Requirement –
Write out the stretch of lines below that begins at the line with "- Ryglowanie górne (hak)." and ends at the line with "- Windstoper (uszczelnienie", including both, exactly as given and nothing more.

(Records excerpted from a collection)

════

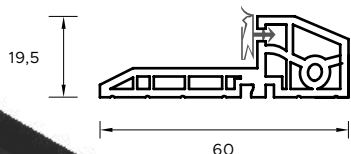

Premium

Podstawowa linia drzwi zewnętrznych, o dobrych parametrach technicznych. Wiele wzorów, opcji wyposażenia w połączeniu z atrakcyjną ceną drzwi.

Izolacyjność termiczna
 $U_d=0,98 \text{ W/m}^2\text{K}^*$

Grubość skrzydła
drzwiowego

* Dotyczy drzwi bez przeszkleń

** Wg PN-EN 1627:2011. Dotyczy drzwi pełnych oraz z przeszkleciem (P4) z ramką INOX (wybrane modele) wyposażone w klamkę klasy C oraz wkładkę klasy C

BUDOWA DRZWI

- Ciepła ościeżnica Termo z uszczelką (za dopłatą). **1**
- Skrzydło drzwiowe z uszczelką, wypełnione pianką poliuretanową oraz ramiakiem z drewna klejonego. **2**
- 3 zawiasy 3D regulowane w trzech płaszczyznach. **3**
- Nasadki ozdobne na zawiasy.
- 3 zaczepy z regulowanym dociskiem.
- Regulacja języka.
- 3 bolce antywyważeniowe.
- Ryglowanie górne (hak).
- Zamek dodatkowy górny z wkładko-gałką (system jednego klucza).
- Zasuwnica z zamkiem głównym i wkładką (system jednego klucza).
- Klamka Prime, Tahoma, Manitoba lub Magnus.
- Ryglowanie dolne (hak).
- Szczotka doszczelniająca.
- Próg ALU lub PVC z uszczelką. **4**
- Windstoper (uszczelnienie likwidujące ewentualne przedmuchy w części progowej).

4

4

4

════

Written response –
- Ryglowanie górne (hak).
- Zamek dodatkowy górny z wkładko-gałką (system jednego klucza).
- Zasuwnica z zamkiem głównym i wkładką (system jednego klucza).
- Klamka Prime, Tahoma, Manitoba lub Magnus.
- Ryglowanie dolne (hak).
- Szczotka doszczelniająca.
- Próg ALU lub PVC z uszczelką. **4**
- Windstoper (uszczelnienie likwidujące ewentualne przedmuchy w części progowej).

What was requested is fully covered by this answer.